If you are not sure how to export your annotated dataset, check the [Roboflow docs](https://docs.roboflow.com/exporting-data).

> Alternatively you can upload your dataset ([YOLOv8 format](https://roboflow.com/formats/yolov8-pytorch-txt)) from [**Google Drive**](#scrollTo=RxOnnOadc5vR) or from your [**local file system**](#scrollTo=qKTCWdtkOUw7) in the next steps.

In [None]:
%pip install -q roboflow

**Copy only the last three lines of your Download Code and insert them in the next code cell:**

In [None]:
from pathlib import Path
from roboflow import Roboflow

%cd /content

### Paste your Download Code here:
rf = Roboflow(api_key="mTbnFiFXOk5y1ddXOYvv")
project = rf.workspace("mb-f9pmt").project("pass-kqgak")
version = project.version(1)
dataset = version.download("yolov8")

###

dataset_location = dataset.location

print(f"\nLocation of dataset: {dataset_location}")
print(f"\nTotal number of images: {len(list(Path(dataset_location).glob('**/*.jpg')))}")

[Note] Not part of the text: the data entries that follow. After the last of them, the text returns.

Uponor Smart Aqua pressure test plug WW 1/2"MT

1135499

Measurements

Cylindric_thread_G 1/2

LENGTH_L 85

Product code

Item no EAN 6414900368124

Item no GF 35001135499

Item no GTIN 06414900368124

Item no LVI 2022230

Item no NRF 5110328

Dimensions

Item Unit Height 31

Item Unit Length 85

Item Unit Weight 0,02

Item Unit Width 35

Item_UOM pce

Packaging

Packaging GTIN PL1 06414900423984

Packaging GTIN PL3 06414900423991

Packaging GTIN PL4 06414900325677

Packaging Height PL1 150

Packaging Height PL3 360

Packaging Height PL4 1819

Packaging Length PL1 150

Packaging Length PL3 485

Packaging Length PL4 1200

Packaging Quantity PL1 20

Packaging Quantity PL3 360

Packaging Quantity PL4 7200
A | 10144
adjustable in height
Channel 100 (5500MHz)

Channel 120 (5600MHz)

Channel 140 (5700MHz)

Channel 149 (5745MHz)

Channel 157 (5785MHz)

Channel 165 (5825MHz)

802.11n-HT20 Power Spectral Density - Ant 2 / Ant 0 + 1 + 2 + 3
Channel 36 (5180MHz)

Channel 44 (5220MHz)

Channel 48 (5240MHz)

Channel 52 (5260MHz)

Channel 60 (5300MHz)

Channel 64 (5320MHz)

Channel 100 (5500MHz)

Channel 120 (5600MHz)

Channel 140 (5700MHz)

if Path(f"{dataset_location}/train/images").exists():
  print(f"\nNumber of training images: {len(list(Path(f'{dataset_location}/train/images').glob('*.jpg')))}")
if Path(f"{dataset_location}/valid/images").exists():
  print(f"Number of validation images: {len(list(Path(f'{dataset_location}/valid/images').glob('*.jpg')))}")
if Path(f"{dataset_location}/test/images").exists():
  print(f"Number of test images: {len(list(Path(f'{dataset_location}/test/images').glob('*.jpg')))}")
print("\nContent of data.yaml file:")
%cat {dataset_location}/data.yaml

## Recommended: Connect to Google Drive

In [None]:
from google.colab import drive
drive.mount("/content/drive")

In [None]:
#@title ## Upload dataset from Google Drive {display-mode: "form"}

#@markdown ### Google Drive path to your (zipped) dataset folder:
dataset_path = "/content/drive/MyDrive/yolov8_dataset.zip" #@param {type: "string"}
#@markdown - Please make sure to compress your dataset folder to **.zip** file for much faster upload speed!
#@markdown - Dataset has to be in [YOLOv8 format](https://roboflow.com/formats/yolov8-pytorch-txt).

from pathlib import Path

dataset_location = f"/content/{Path(dataset_path).stem}"

print("Uploading dataset from Google Drive...\n")
!rsync -ah --info=progress2 --no-i-r {dataset_path} /content
if Path(dataset_path).suffix == ".zip":
  import zipfile
  zip_path = f"/content/{Path(dataset_path).stem}.zip"
  if len(list(zipfile.Path(zip_path).iterdir())) > 1:
    !unzip -uq {zip_path} -d {dataset_location}
  else:
    !unzip -uq {zip_path} -d /content
  %rm {zip_path}
print("\nDataset was successfully uploaded!")

print(f"\nLocation of dataset: {dataset_location}")
print(f"\nTotal number of images: {len(list(Path(dataset_location).glob('**/*.jpg')))}")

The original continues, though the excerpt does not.